(Extracted data entries)
───
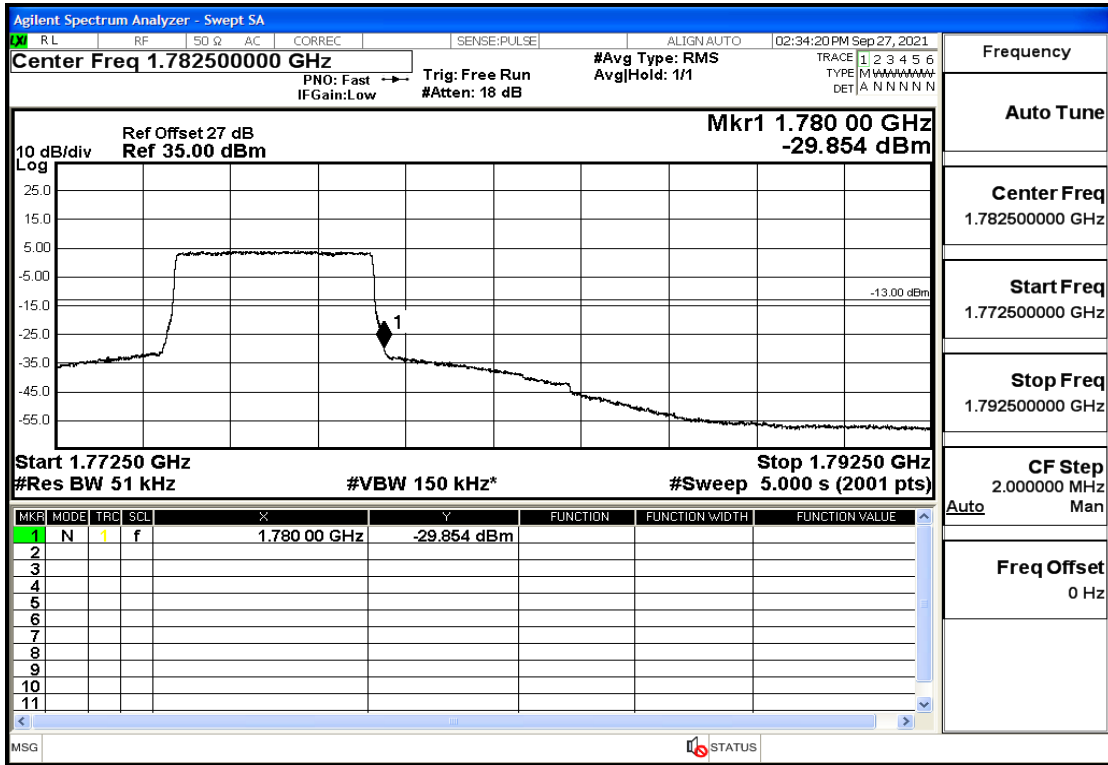

Band66-5-1777.5-QPSK-25#LOW@Pass
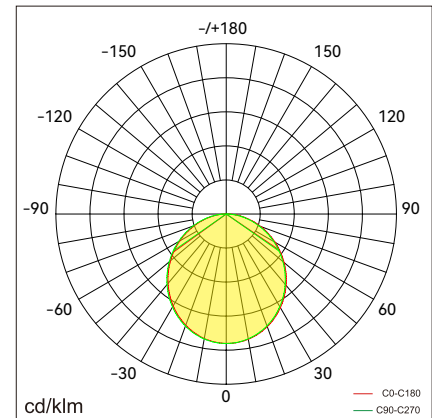

Technical data

Item No.	BEZR-4501515-NN-01	BEZR-4501515-DN-01	BEZR-4503030-NN	BEZR-4503030-DN
Input Power(±10%)	15W		30W	
Input Voltage	AC200~240V			
Power Factor	≥0.9			
Luminous Flux(±10%)	1950lm ↓		4350lm ↓	
UGR	<20		<25	
Color Rendering Index	>80			
Life Time	L80(B10)50,000H			
Beam Angle	110° ↓			
CCT(±200K)	3000/4000/6000K			
Colour consistency SDCM	<3			
Dimming	NO	Dali dimming	NO	Dali dimming
Sensor	NO			
Housing Color	Silver/White/Black			
Fixture Materia	6063AL			
Protection Level	IP40			
Storage Temperature	-40°C~+80°C			
Working Temperature	-20°C~+45°C			
Net Weight	1.45kg			
Package size	631*129*631mm (1PCS)
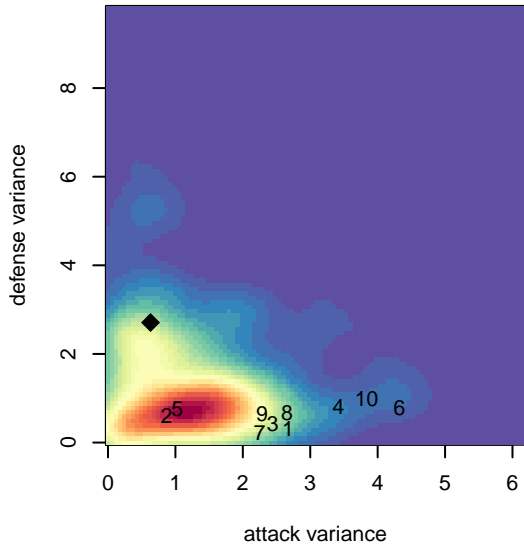

# WA Rush Nero G98

Washington Rush SC  
 Everett, WA  
 G98 total strength=1275  
 attack=5.48 defense=4.92  
 fall league = Win RCL G98 Div 3

alt names used:  
 Washington Rush G98 Nero B  
 WASHINGTON RUSH G98 NERO (WA)  
 WASHINGTON RUSH G98 NERO (WA)  
 Wa Rush G98 Nero  
 Washington Rush G98 Nero  
 WASHINGTON RUSH G98 NERO (WA)  
 Washington Rush G98 Nero B  
 Washington Rush G98 Nero B

**WA Rush Nero G98**  
 Dots are actual minus expected GF (blue circles) and GA (red triangles).  
 Blue line is smoothed change in attack strength. Red is smoothed change in defense strength.

**attack and defense variance (black dot)  
relative to other teams  
and top 10 in region**
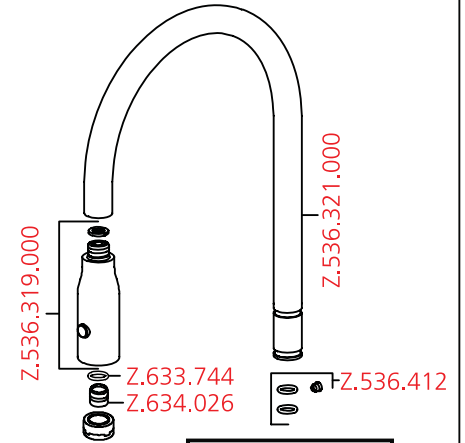

Ersatzteile  
Pièces de rechange  
Pezzi di ricambio  
Repuestos  
Spare parts

USA/CAN:

USA/CAN  
AUS:

10.261.002.000  
10.261.002.127

10.261.102.000  
10.261.102.127

10.261.432.000  
10.261.432.127

10.261.012.000  
10.261.012.127

8 Nm +/- 1 Nm Z.636.218  
SW 24

Z.536.032

Z.636.218

Z.636.208.000

Z.636.208.127

Z.536.568.000  
Z.536.568.127

Z.601.958.700

Z.536.051.000  
Z.536.051.127

Z.532.241

Z.535.967

Z.535.773

Z.536.228

M16x1  
M14x1  
M12x1

Z.635.075

USA/CAN:

Backflow prevention (1x) and  
flow regulator in adapter.

Z.536.654.000  
Z.536.654.127

Z.636.207

CH/EU:

M16x1  
M14x1  
M12x1  
Z.535.331

M21.5x1  
Z.635.215
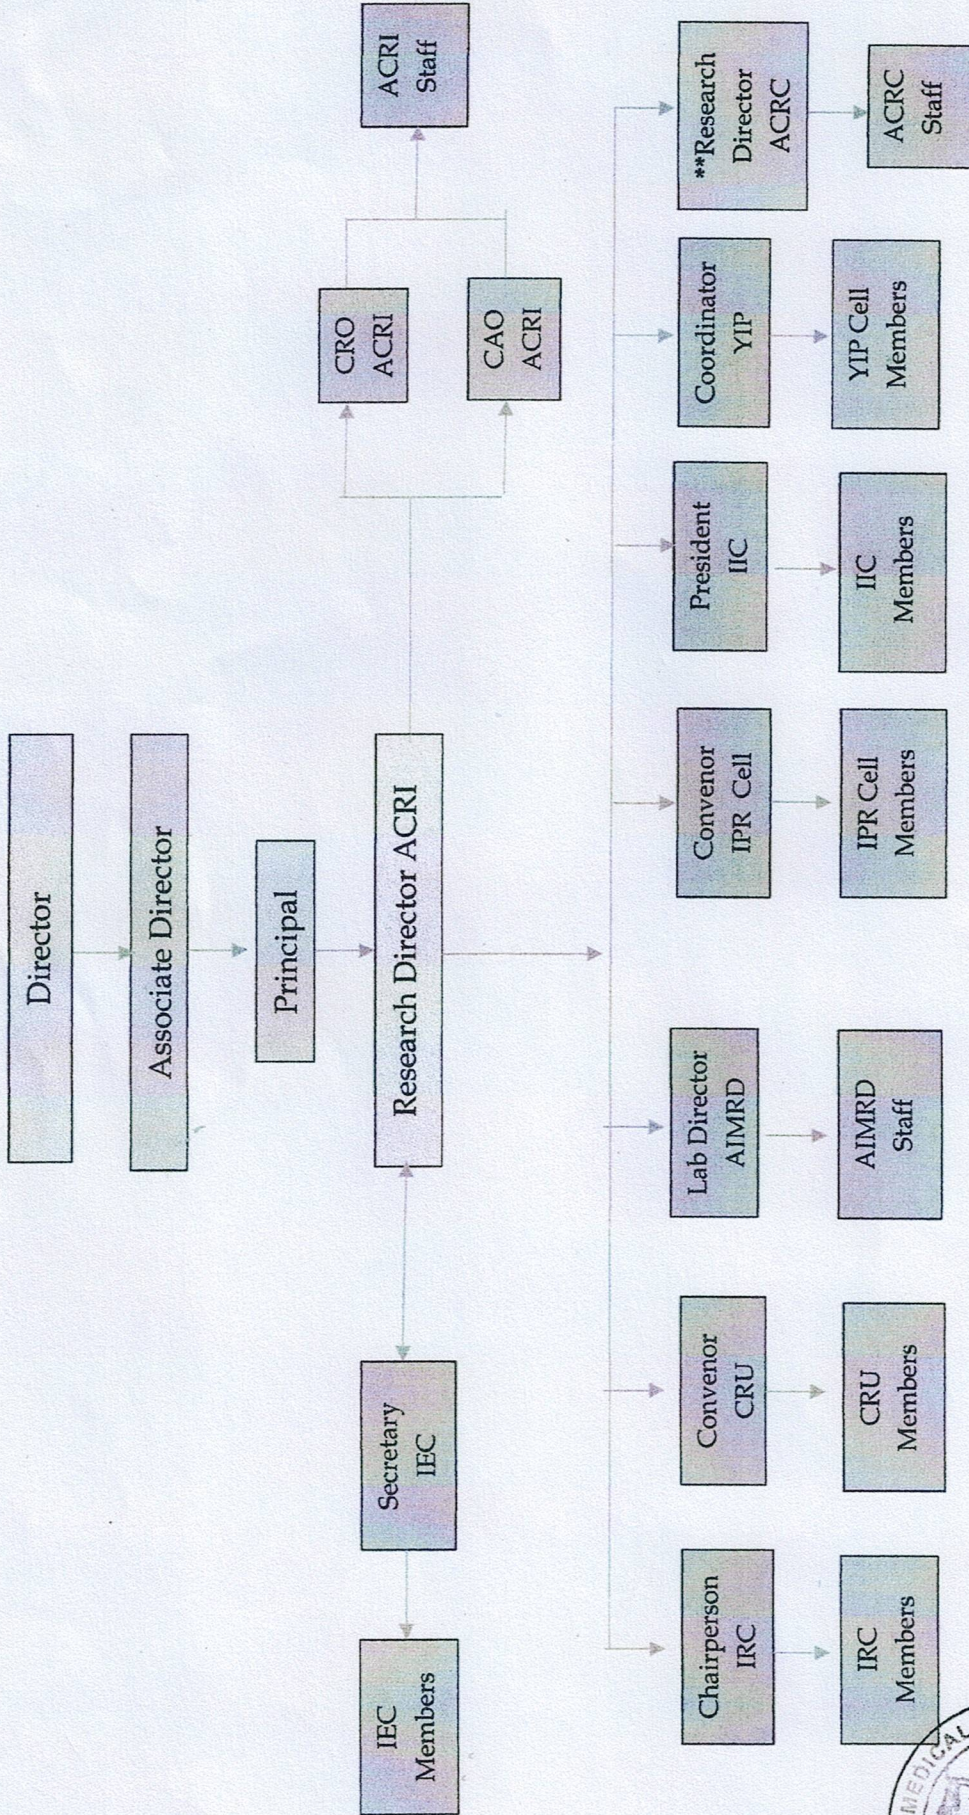

# RESEARCH AND INNOVATION ORGANOGRAM

*[Handwritten signature]*

Standalone external research centre ( An undertaking of Amala Cancer Research Centre Society)
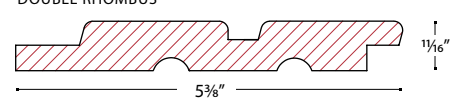

## Siding Specifications

RABBETTED BEVEL

CHANNEL

DOUBLE RHOMBUS

TRADITIONAL COVE

BOARD & BATTEN

EURO CHANNEL

TRADITIONAL V JOINT
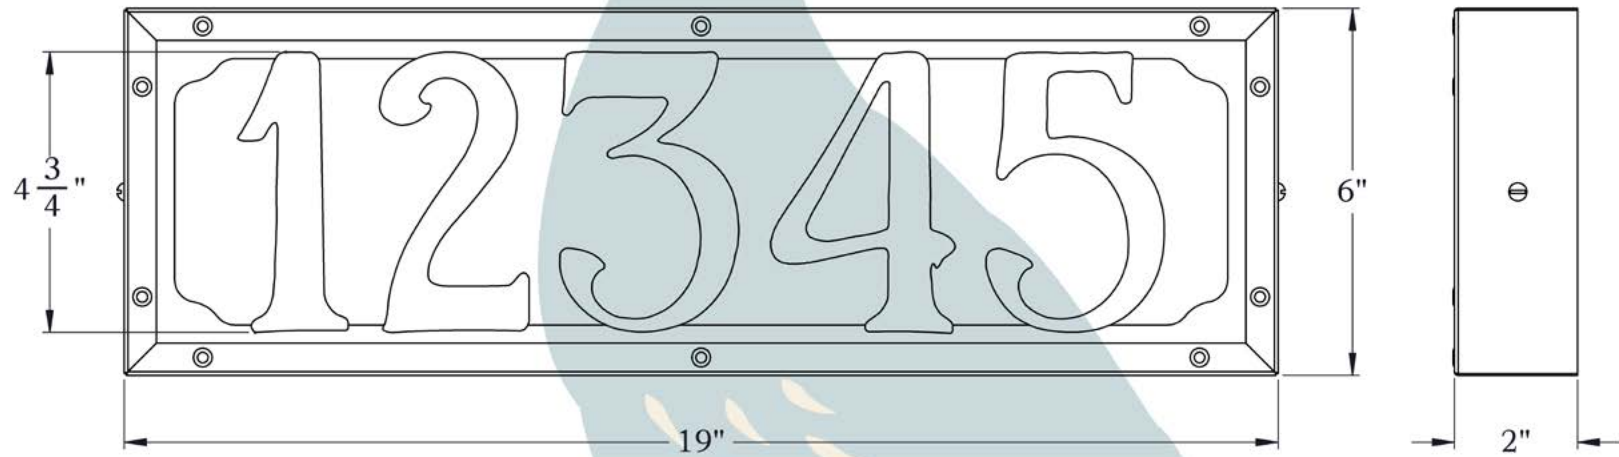

THE WILLOWGLEN SERIES
Illuminated House Numbers
FOR ADDRESSES WITH FIVE DIGITS

FITS FIVE-DIGIT ADDRESS NUMBERS ONLY

975 N ENTERPRISE ST • ORANGE, CA 92867

PRODUCT No.	AF-L12
TITLE	Willowglen
UL RATING	Not Rated

MAX WATTAGE	5W
VOLTAGE	12V or 120V

PROPRIETARY AND CONFIDENTIAL
The information contained in this drawing is the sole property of Old California. Any reproduction in part or as a whole without written permission from Old California is prohibited.

DIMENSIONS

Width	19"
Height	6"
Projections	2"
Number Height	4 3/4"

ELECTRICAL SPECS

Voltage	12V or 120V
LED	Integrated
Wattage	5 Watts
On/Off Switch	Not Supplied

ADDITIONAL INFORMATION

Manufacturer	Old California
Material	Brass
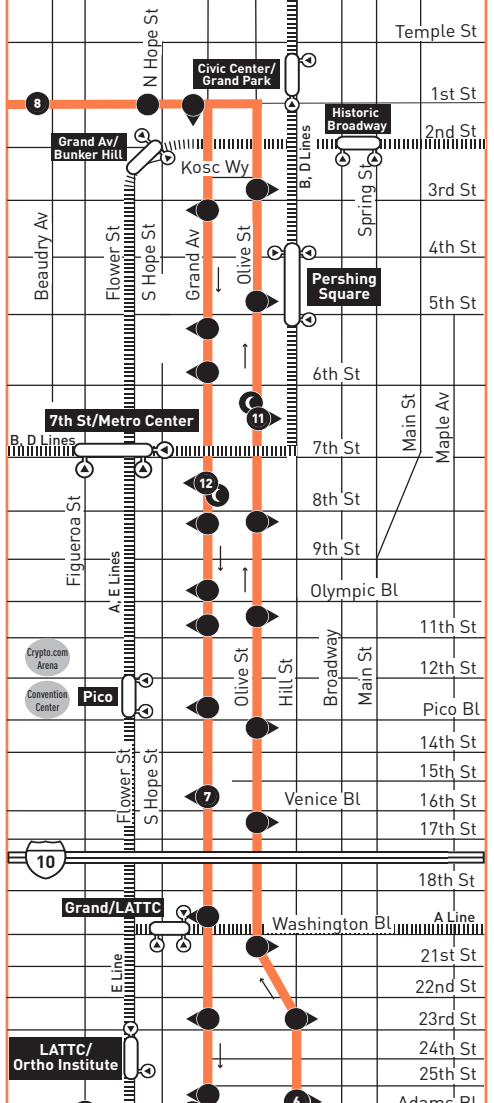

ROUTE MAP

INSET MAP 1 - DOWNTOWN LOS ANGELES

LEGEND	
	Line 37 Route
	Owl Timepoint
	Local Stop
	Local Stop - Single Direction Only
	Local Stop Timepoint
	Local Stop Timepoint - Single Direction Only
	Metro Rail Station
	Transit Center
CC	Culver CityBus
CE	LADOT Commuter Express
LD	LADOT DASH

MAP NOTES	
1	University of Southern California
2	Washington/Fairfax Transit Hub Metro 35, 37, 38, 105, 217; CC1, CC4; CE437
Note: Passengers should board departing Lines 37 and 38 at stop on Washington Blvd, East of Fairfax Av.	
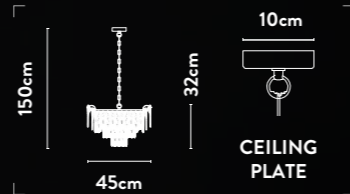

Class: 1 (Earthed)
Lamp Holder: E14 Candle
Wattage: 8 x 40W
Dimmable: Yes
Height Adjustable: 37-150cm
Weight: 12Kg

10819-3SB

3Lt Wall Light
Satin Brass Metal & Clear Crystal

Class: 1 (Earthed)
Lamp Holder: E14 Candle
Wattage: 3 x 40W
Dimmable: Yes

10817-450SB

5Lt Pendant
Satin Brass Metal & Clear Crystal

Class: 1 (Earthed)
Lamp Holder: E14 Candle
Wattage: 5 x 40W
Dimmable: Yes
Height Adjustable: 37-150cm
Weight: 7Kg

Sleek lines and angular contours blend with intricate details, honouring past decadence in style

10816-8CL

8Lt Bar Pendant
Satin Brass Metal & Clear Crystal

Class: 1 (Earthed)
Lamp Holder: E14 Candle
Wattage: 8 x 40W
Dimmable: Yes
Height Adjustable: 28-150cm
Weight: 13Kg

**Art Nouveau
echoes the Roaring
Twenties' splendour
with sinuous, satin
brass and clear
shell shades**

10817-2CL

2Lt Wall Light
Satin Brass Metal & Clear Crystal

Class: 1 (Earthed)
Lamp Holder: E14 Candle
Wattage: 2 x 40W
Dimmable: Yes

10814-450CL

5Lt Pendant
Satin Brass Metal & Clear Crystal

Class: 1 (Earthed)
Lamp Holder: E14 Candle
Wattage: 5 x 40W
Dimmable: Yes
Height Adjustable: 32-150cm
Weight: 8Kg
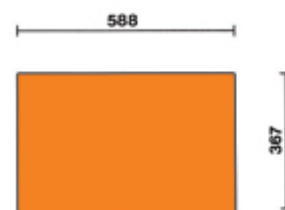

SuperTank trolley with worktop and ten drawers

Main features:

- Ten drawers (588x367 mm) with ball bearing slides
- Quick, safe system for opening and closing drawers, with nylon and fibreglass front
- Five side drawers:
 - 4 drawers, 70 mm high
 - 1 drawer, 210 mm high
- Five front drawers:
 - 4 drawers, 70 mm high
 - 1 drawer, 210 mm high
- Drawer bases protected by foamed rubber mats
- Four high-capacity castors 150 mm in Ø:
 - 2 fixed and 2 steering (with brakes)
 - 2 centralised safety locks
- Multiply wood worktop with holes for a vice (1599F/150, to be ordered separately)
- Side compartment with foldaway door with lock
- 135-mm-high storage compartment with plastic-covered base
- Static load capacity: 1200 kg

 130 kg

New Design.

	BETA	art.
	028000301	C28-O
	028000302	C28-G
	028000303	C28-R
───
§ **What you will do**
Give back every record exactly, dropping its pictures.

§ **Answer to this task**
Band66-5-1777.5-QPSK-25#LOW@Pass

Technical data

Item No.	BEZR-4501515-NN-01	BEZR-4501515-DN-01	BEZR-4503030-NN	BEZR-4503030-DN
Input Power(±10%)	15W		30W	
Input Voltage	AC200~240V			
Power Factor	≥0.9			
Luminous Flux(±10%)	1950lm ↓		4350lm ↓	
UGR	<20		<25	
Color Rendering Index	>80			
Life Time	L80(B10)50,000H			
Beam Angle	110° ↓			
CCT(±200K)	3000/4000/6000K			
Colour consistency SDCM	<3			
Dimming	NO	Dali dimming	NO	Dali dimming
Sensor	NO			
Housing Color	Silver/White/Black			
Fixture Materia	6063AL			
Protection Level	IP40			
Storage Temperature	-40°C~+80°C			
Working Temperature	-20°C~+45°C			
Net Weight	1.45kg			
Package size	631*129*631mm (1PCS)

# WA Rush Nero G98

Washington Rush SC  
 Everett, WA  
 G98 total strength=1275  
 attack=5.48 defense=4.92  
 fall league = Win RCL G98 Div 3

alt names used:  
 Washington Rush G98 Nero B  
 WASHINGTON RUSH G98 NERO (WA)  
 WASHINGTON RUSH G98 NERO (WA)  
 Wa Rush G98 Nero  
 Washington Rush G98 Nero  
 WASHINGTON RUSH G98 NERO (WA)  
 Washington Rush G98 Nero B  
 Washington Rush G98 Nero B

**WA Rush Nero G98**  
 Dots are actual minus expected GF (blue circles) and GA (red triangles).  
 Blue line is smoothed change in attack strength. Red is smoothed change in defense strength.

**attack and defense variance (black dot)  
relative to other teams  
and top 10 in region**

Ersatzteile  
Pièces de rechange  
Pezzi di ricambio  
Repuestos  
Spare parts

USA/CAN:

USA/CAN  
AUS:

10.261.002.000  
10.261.002.127

10.261.102.000  
10.261.102.127

10.261.432.000  
10.261.432.127

10.261.012.000  
10.261.012.127

8 Nm +/- 1 Nm Z.636.218  
SW 24

Z.536.032

Z.636.218

Z.636.208.000

Z.636.208.127

Z.536.568.000  
Z.536.568.127

Z.601.958.700

Z.536.051.000  
Z.536.051.127

Z.532.241

Z.535.967

Z.535.773

Z.536.228

M16x1  
M14x1  
M12x1

Z.635.075

USA/CAN:

Backflow prevention (1x) and  
flow regulator in adapter.

Z.536.654.000  
Z.536.654.127

Z.636.207

CH/EU:

M16x1  
M14x1  
M12x1  
Z.535.331

M21.5x1  
Z.635.215

# RESEARCH AND INNOVATION ORGANOGRAM

*[Handwritten signature]*

Standalone external research centre ( An undertaking of Amala Cancer Research Centre Society)

## Siding Specifications

RABBETTED BEVEL

CHANNEL

DOUBLE RHOMBUS

TRADITIONAL COVE

BOARD & BATTEN

EURO CHANNEL

TRADITIONAL V JOINT

THE WILLOWGLEN SERIES
Illuminated House Numbers
FOR ADDRESSES WITH FIVE DIGITS

FITS FIVE-DIGIT ADDRESS NUMBERS ONLY

975 N ENTERPRISE ST • ORANGE, CA 92867

PRODUCT No.	AF-L12
TITLE	Willowglen
UL RATING	Not Rated

MAX WATTAGE	5W
VOLTAGE	12V or 120V

PROPRIETARY AND CONFIDENTIAL
The information contained in this drawing is the sole property of Old California. Any reproduction in part or as a whole without written permission from Old California is prohibited.

DIMENSIONS

Width	19"
Height	6"
Projections	2"
Number Height	4 3/4"

ELECTRICAL SPECS

Voltage	12V or 120V
LED	Integrated
Wattage	5 Watts
On/Off Switch	Not Supplied

ADDITIONAL INFORMATION

Manufacturer	Old California
Material	Brass

ROUTE MAP

INSET MAP 1 - DOWNTOWN LOS ANGELES

LEGEND	
	Line 37 Route
	Owl Timepoint
	Local Stop
	Local Stop - Single Direction Only
	Local Stop Timepoint
	Local Stop Timepoint - Single Direction Only
	Metro Rail Station
	Transit Center
CC	Culver CityBus
CE	LADOT Commuter Express
LD	LADOT DASH

MAP NOTES	
1	University of Southern California
2	Washington/Fairfax Transit Hub Metro 35, 37, 38, 105, 217; CC1, CC4; CE437
Note: Passengers should board departing Lines 37 and 38 at stop on Washington Blvd, East of Fairfax Av.	

Class: 1 (Earthed)
Lamp Holder: E14 Candle
Wattage: 8 x 40W
Dimmable: Yes
Height Adjustable: 37-150cm
Weight: 12Kg

10819-3SB

3Lt Wall Light
Satin Brass Metal & Clear Crystal

Class: 1 (Earthed)
Lamp Holder: E14 Candle
Wattage: 3 x 40W
Dimmable: Yes

10817-450SB

5Lt Pendant
Satin Brass Metal & Clear Crystal

Class: 1 (Earthed)
Lamp Holder: E14 Candle
Wattage: 5 x 40W
Dimmable: Yes
Height Adjustable: 37-150cm
Weight: 7Kg

Sleek lines and angular contours blend with intricate details, honouring past decadence in style

10816-8CL

8Lt Bar Pendant
Satin Brass Metal & Clear Crystal

Class: 1 (Earthed)
Lamp Holder: E14 Candle
Wattage: 8 x 40W
Dimmable: Yes
Height Adjustable: 28-150cm
Weight: 13Kg

**Art Nouveau
echoes the Roaring
Twenties' splendour
with sinuous, satin
brass and clear
shell shades**

10817-2CL

2Lt Wall Light
Satin Brass Metal & Clear Crystal

Class: 1 (Earthed)
Lamp Holder: E14 Candle
Wattage: 2 x 40W
Dimmable: Yes

10814-450CL

5Lt Pendant
Satin Brass Metal & Clear Crystal

Class: 1 (Earthed)
Lamp Holder: E14 Candle
Wattage: 5 x 40W
Dimmable: Yes
Height Adjustable: 32-150cm
Weight: 8Kg

SuperTank trolley with worktop and ten drawers

Main features:

- Ten drawers (588x367 mm) with ball bearing slides
- Quick, safe system for opening and closing drawers, with nylon and fibreglass front
- Five side drawers:
 - 4 drawers, 70 mm high
 - 1 drawer, 210 mm high
- Five front drawers:
 - 4 drawers, 70 mm high
 - 1 drawer, 210 mm high
- Drawer bases protected by foamed rubber mats
- Four high-capacity castors 150 mm in Ø:
 - 2 fixed and 2 steering (with brakes)
 - 2 centralised safety locks
- Multiply wood worktop with holes for a vice (1599F/150, to be ordered separately)
- Side compartment with foldaway door with lock
- 135-mm-high storage compartment with plastic-covered base
- Static load capacity: 1200 kg

 130 kg

New Design.

	BETA	art.
	028000301	C28-O
	028000302	C28-G
	028000303	C28-R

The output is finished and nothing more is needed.